Madeline didn’t respond to her stepsister. She wanted to calm down, for her family’s sake. They didn’t need the added stress of her breaking down. They’d been through a lot, too. At least no one had blamed her for her father’s disappearance. But she couldn’t seem to restrain herself. Not this time. “Don’t prepare an excuse before you even try,” she said. “Find s-something. I want to know what happened. I need to know what happened.” She grabbed Chief Pontiff’s arm. “Do your job!”
Pontiff blinked in surprise, and Clay quickly pulled her into his arms. “Maddy, stop,” he murmured against her hair.

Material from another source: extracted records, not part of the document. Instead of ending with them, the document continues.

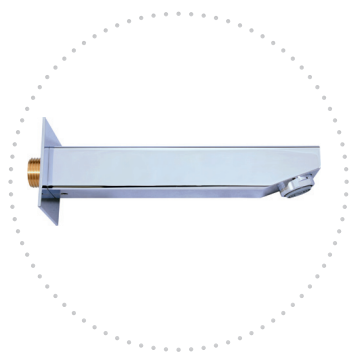

170 mm

- **TLR001** 1150 47,90
  Výtok ze stěny LOIRA
  Wall spout LOIRA
  Излив из стены LOIRA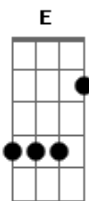

Jeferson Pillar - Vem Me Buscar / Ruja o Leão (Pot-pourri)

tom:

E (forma dos acordes no tom de C)

Capostrate na 4ª casa

Intro: Am

[Primeira Parte]

Am G
 És adorado entre nós
 F Dm
 Tão desejado aqui
 Am G
 Mas nada se comparará

Com a glória que
 Dm F G
 Há de vir

[Pré-Refrão]

F
 Eu não sou daqui
 G
 Pra casa voltarei
 F
 Ele vem me buscar
 G
 E com ele eu irei
 Em F
 Eu não sou daqui
 G
 Pra casa voltarei
 F
 Ele vem me buscar
 G
 E com ele eu irei

[Refrão]

F Am G Em
 Yesu____a, o Messias aguardado
 Am
 Ele vem me buscar
 F Am G Em
 Yesu____a, o Messias aguardado
 Am
 Ele vem me buscar

(Dm Em F G)

Acordes

© ukulele-chords.com

© ukulele-chords.com

© ukulele-chords.com

© ukulele-chords.com

© ukulele-chords.com

© ukulele-chords.com

© ukulele-chords.com

© ukulele-chords.com

[Segunda Parte]

Dm
 Em breve Jesus
 Em
 No céu vai aparecer
 Am
 E todo joelho se dobrará
 G
 E toda língua confessará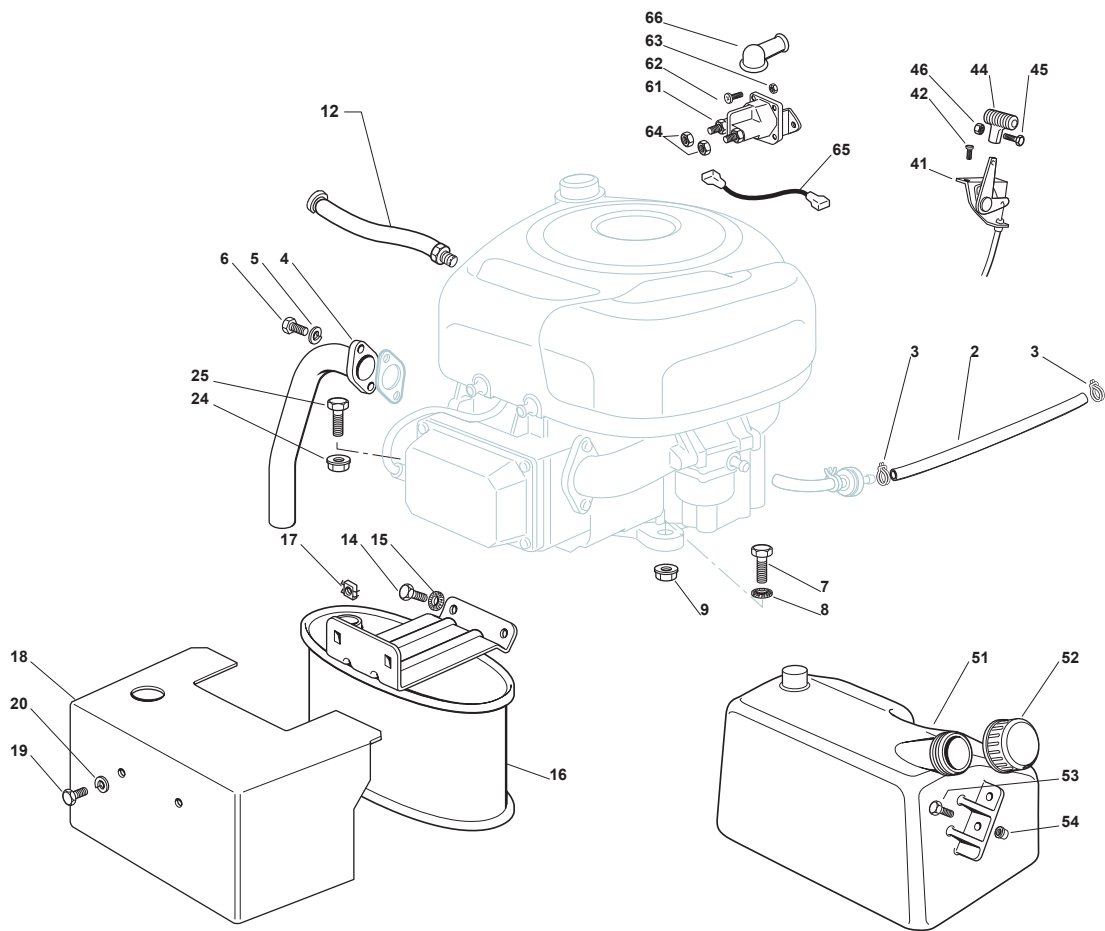

Fig.	Q.ty	Part No	Description	Notes
70	1	125033091/0	Rod	
71	1	124487995/0	Cotter Pin	
72	1	125430232/0	Spring	
73	1	325605002/0	Button	
74	1	112726389/0	Screw	
75	1	112290800/0	Nut	
76	1	325060050/0	Cam	
77	1	112789100/0	Screw	
78	2	112154330/0	Nut	
79	2	325755071/0	Angle Bracket	
80	1	325785479/0	Micro Switch Bracket	
81	2	112791400/0	Screw	
82	2	112292102/0	Nut	
83	1	119410614/0	Microswitch	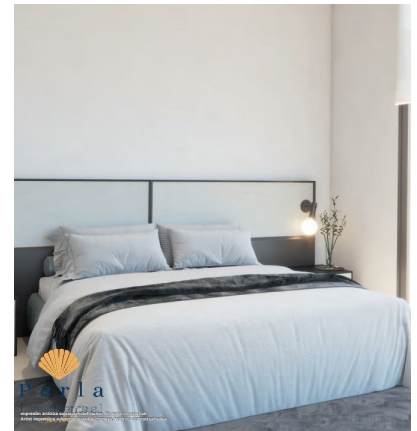

## 3 Svefnherbergi Einbýlishús in Torre Vieja

Ref: V716

492.000€

**Tegund eignar :** Einbýlishús

**Bæjarfélag / Hverfi :**  
Torre Vieja

**!zona :** Costa Blanca Sur

**Svefnherbergi :** 3

**Baðherbergi :** 3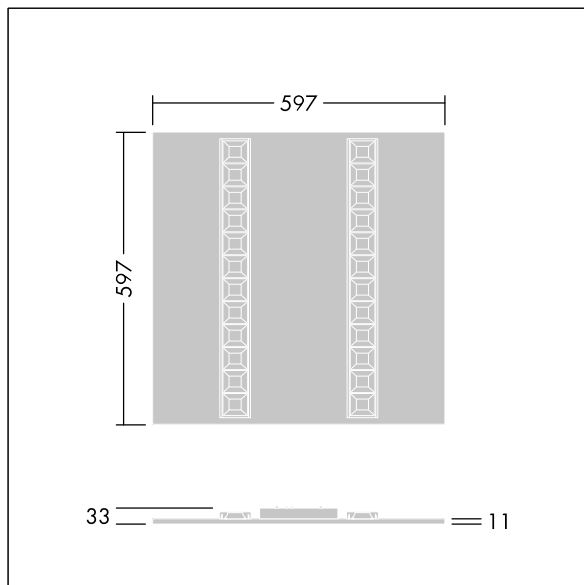

# Omega Moduline

96636529 OMEGA M 4800-940 HFIX WHG Q600

THORN

TLG\_OMGM\_F\_600X600.jpg

Abmessungen: 597 x 597 x 33 mm  
Leuchten Leistung: 32,7 W  
Leuchten Lichtstrom: 4300 lm  
Leuchten Lichtausbeute: 131 lm/W  
Gewicht: 2,65 kg

TLG\_OMGM\_M\_600X600.wmf

Dieses Produkt enthält eine Lichtquelle der Energieeffizienzklasse D.

If anyone else had asked her, she wouldn’t have—couldn’t have—gained control of her wayward emotions. But regardless of the turmoil inside her, she had too much respect for Clay to ignore his wishes or embarrass him further. Burying her face in his chest, she started to cry as she hadn’t cried since she was a child, with big wracking sobs that shook her whole body.
He hugged her close. “It’s okay,” he murmured. “It’s okay.”
“You’re hugging the man who killed him,” Joe whispered.
“Shut up, Joe,” she snapped. Clay had been the one to keep their family safe through the dark years after her father was gone. At times, he’d been the only thing standing between them and destitution.
“I’m sorry,” she told Clay. She didn’t want to draw attention to him. She knew he simply wanted to go on with his life and forget. She wished she could forget. But it was impossible. She’d tried.
“You have nothing to be sorry about,” he said.
With a sniff, she pulled away and dashed a hand across her cheeks. “I’m going home.”
“I’ll call you if we find anything,” Pontiff said.
Joe and his brother were still there, but one look from Clay kept them shuffling around the perimeter of the group like jackals attracted to a carcass. They obviously wanted to come closer, to say more, but were afraid to risk the consequences.
Madeline turned to her car. The police always said they’d keep digging, keep asking questions, go back through the files, whatever. But they never found anything solid. They didn’t really care about the truth. They just wanted to pin it on the Montgomerys to satisfy the Vincellis, who held political power in this town. Maybe Pontiff was a friend of sorts, but he was subject to the same political pressures as his predecessors and would probably follow in their footsteps. Nothing would change.
But Madeline couldn’t accept “nothing” any longer. She had to take more aggressive action, do something that would finally provide answers.
She was pretty sure what that something had to be. But her stepfamily wouldn’t like it. And there was no guarantee it’d work.